-- WORK ITEM --
Which lines in the data below contain the word "Fixture"? Return each of them.

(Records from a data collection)
* * * * *

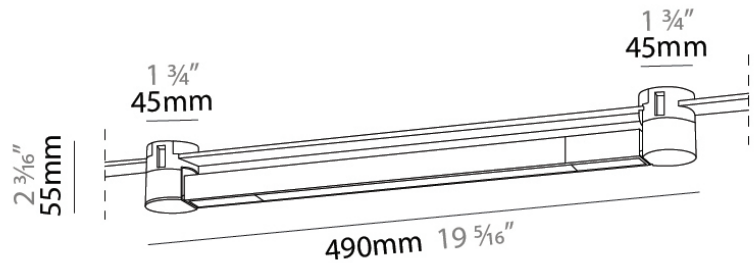

PROJECT	
TYPE	
NOTES	
QUANTITY	
DATE	

A7LEVEL-MOD-SYS COMPONENTS TRACK

A7T00039-

DESCRIPTION

Level - Studio - Light Source with Diffuser, 490mm/19 5/16", On/Off, 9W LED, 2700K / 3000K, Max 850lm, 48V, Dimmable Converter Included

GENERAL

Series: Level
Partner: Letroh
Division: Architectural
Installation: Track
Product Type: Linear Profiles
Mounting Location: Ceiling
Light Distribution: Downlight

PHYSICAL

Shape: Oblong
Length (mm): 490
Length (in): 19 5/16
Height (mm): 55
Height (in): 2 3/16
Weight (kg): 0.48
Fixture Finish: WHI / BLK
Fixture Material: Aluminum

ELECTRICAL

Input Wattage Range: 1 - 9 W
Lamp Type: LED
Input Wattage (W): 9
Dimming: Non-Dimming / Phase Dimming (120Vac only) / 0-10V Dimming
Driver Included: No
Driver Location: External
Driver Type: Constant Voltage - Universal
Driver Class: Class 2
Input Voltage (V): 120 - 277
Output Voltage (V): 48

LED

Delivered Lumen Range: 500 - 1999 lm
Color Temperature (°K): 2700 / 3000
Max. Delivered Lumen (lm): 800 / 850
CRI: >90 CRI
Lamp Life (hrs): 50000

OPTICAL

Adjustability: Rotational 90°

RATINGS AND CERTIFICATIONS

Certified By: Certified for North American Standards
IP rating: IP20
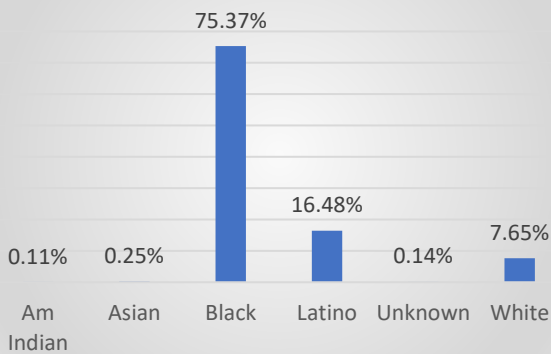

Sheriff's Daily Report

9/20/2021

Under the Custody of the Sheriff	
Total Male and Female	8,806
Jail Population	5,694
Community Corrections	3,112

Jail Population - Behind the Walls

Behind the Walls: Detainees that are physically housed under the Sheriff's custody 24 hours a day/7 days a week. This includes all populations listed on this chart - Divisional populations male & female, Outside Counties, Hospital, PRC, Women's Residential, & VRIC. Detainees in court-ordered treatment programs (PRC, Women's Residential, VRIC) are housed at CCDOC 24 hours a day/7 days week.

Sheriff's Daily Report

9/20/2021

CCSO Population Demographics

In Confinement

Community Corrections

Gender Distribution

Gender Distribution

Race Distribution

Race Distribution

Age Distribution

Age Distribution
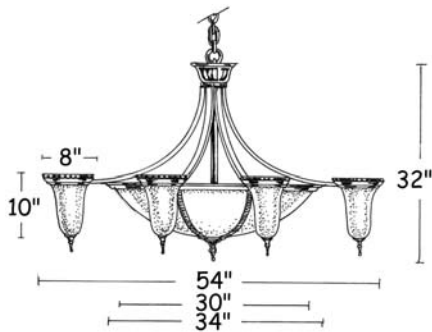

Shown in 42" diameter. Available in 16" to 96" diameter.

Available in all finishes and materials (see page F).

Available in compact fluorescent.

Dimensions, finishes and lamping as listed.

For others, fill your request list below:

Angora

Dimensions :

Catalog Number	Diameter	Height	Projection	Weight
BWL-S-60/37/60-8/INC/100-ANG	60"	37"	-	60 Lbs
BWL-S-54/35/54-8/INC/100-ANG	54"	35"	-	60 Lbs
BWL-S-54/32/54-8/INC/100-ANG	54"	32"	-	60 Lbs
BWL-S-54/38/54-8/INC/100-ANG	54"	38"	-	60 Lbs

DIMENSIONS :

Catalog Number	Diameter	Height	Projection	Weight
BWL-S-60/37/60-8/INC/100-ANG	60"	37"	-	60 Lbs
BWL-S-54/35/54-8/INC/100-ANG	54"	35"	-	60 Lbs
BWL-S-54/32/54-8/INC/100-ANG	54"	32"	-	60 Lbs
BWL-S-54/38/54-8/INC/100-ANG	54"	38"	-	60 Lbs
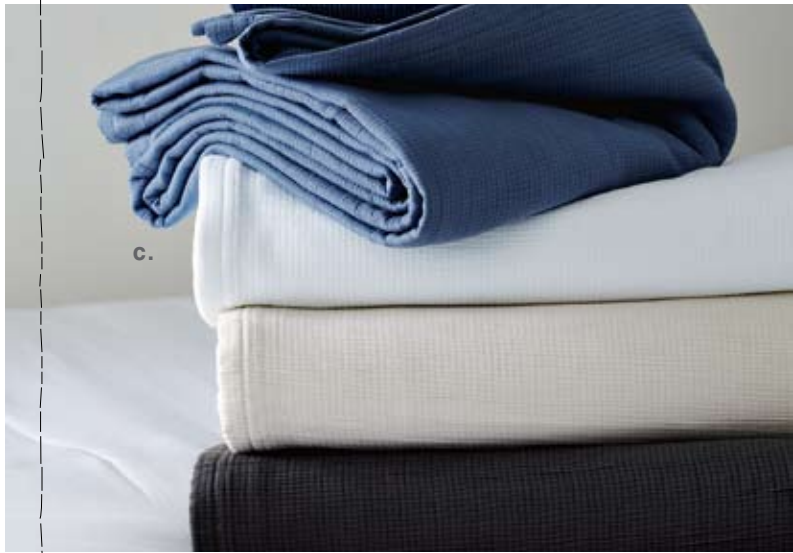

a | BUBBLES QUILT + SHAMS Wedgewood blue, aloe, horseradish or iron. **QUILT:** twin $109, full/queen $129, king $149, **SHAMS:** standard $24 each, euro $29 each

b | ORGANIC COTTON FRAYED-EDGE SHEET SET 🌱 White, slate, light amethyst, steel blue, sea spray, natural or cactus. **P** twin $79, full $89, queen $99, king $119, cal king $119, **SHAMS:** standard $29 set of 2, king $34 set of 2

c | ORGANIC PLISSÉ BLANKET 🌱 Steel blue, white, natural or slate. twin $79, full/queen $99, king $109
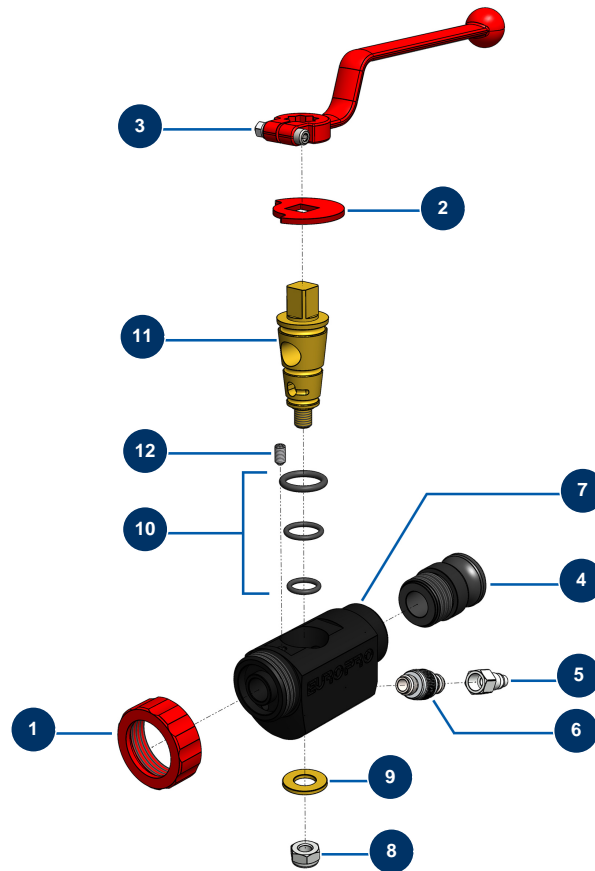

VOLUMAIR machine ABS slurry spraying lance, before 2003 - General view

Détails des pièces

Pos.	Référence	Désignation
1	10031	Aluminium lance ring red
2	10030	Stop washer
3	20003	Red bend handle for lance (square of 14)
4	10280	1" x M 30/150 alu adapter for 8, 14, 24 and CP30 lance
5	80091	Male quick fit coupling inner threaded 1/4" Ø 6
6	20006	Air adjustment tap 1/4" M x 1/4" M
7	10028	ABS lance body block
8	60013	M 10 nylstop nut
9	10032	Lance washer
10	80154	EUROPRO spraying machine lance gasket kit
11	10029	Lance brass cone
12	30371	ABS lance countersunk screw
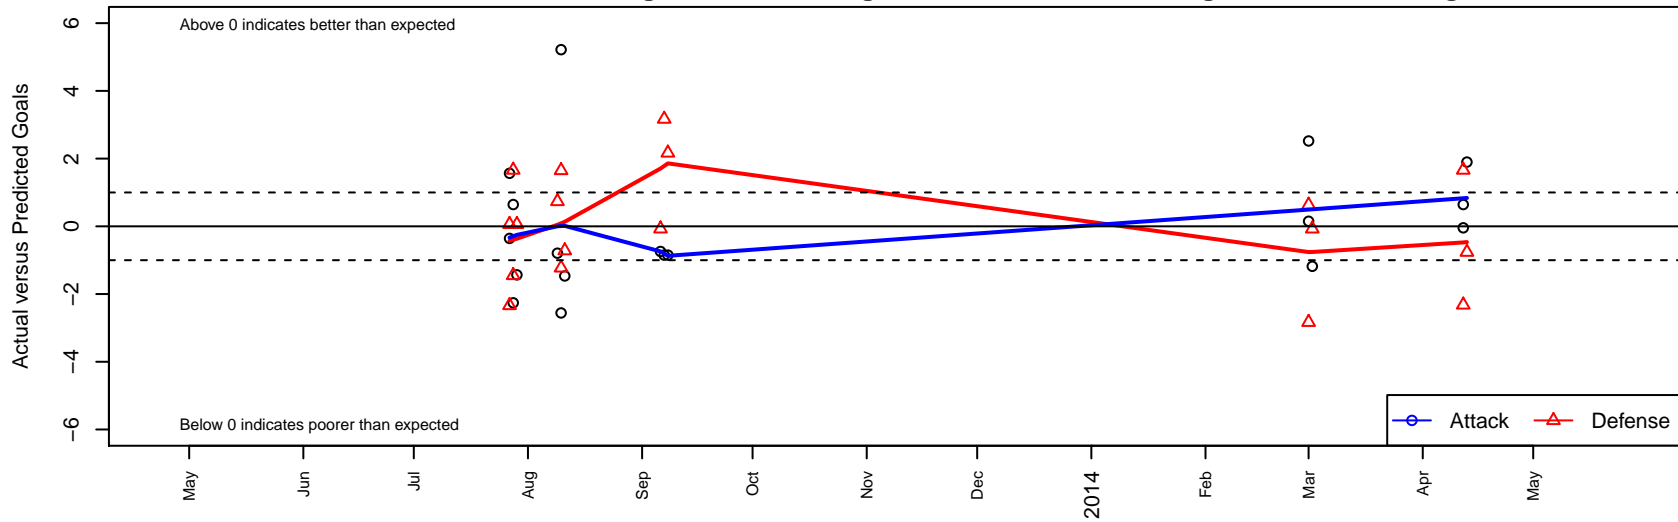

The Acedemy Idaho G02
Dots are actual minus expected GF (blue circles) and GA (red triangles).
Blue line is smoothed change in attack strength. Red is smoothed change in defense strength.
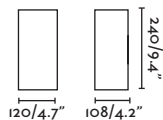

LACRE

● 70802 dark grey/gris oscuro

E27 MAX 15W LED [17463]

Body Die Cast Aluminium/Aluminio Inyectado
Diff Transparent Glass/Cristal Transparente

IP54 ⚡

* * * * *

-- RESPONSE TO THIS TASK --
Fixture Finish: WHI / BLK
Fixture Material: Aluminum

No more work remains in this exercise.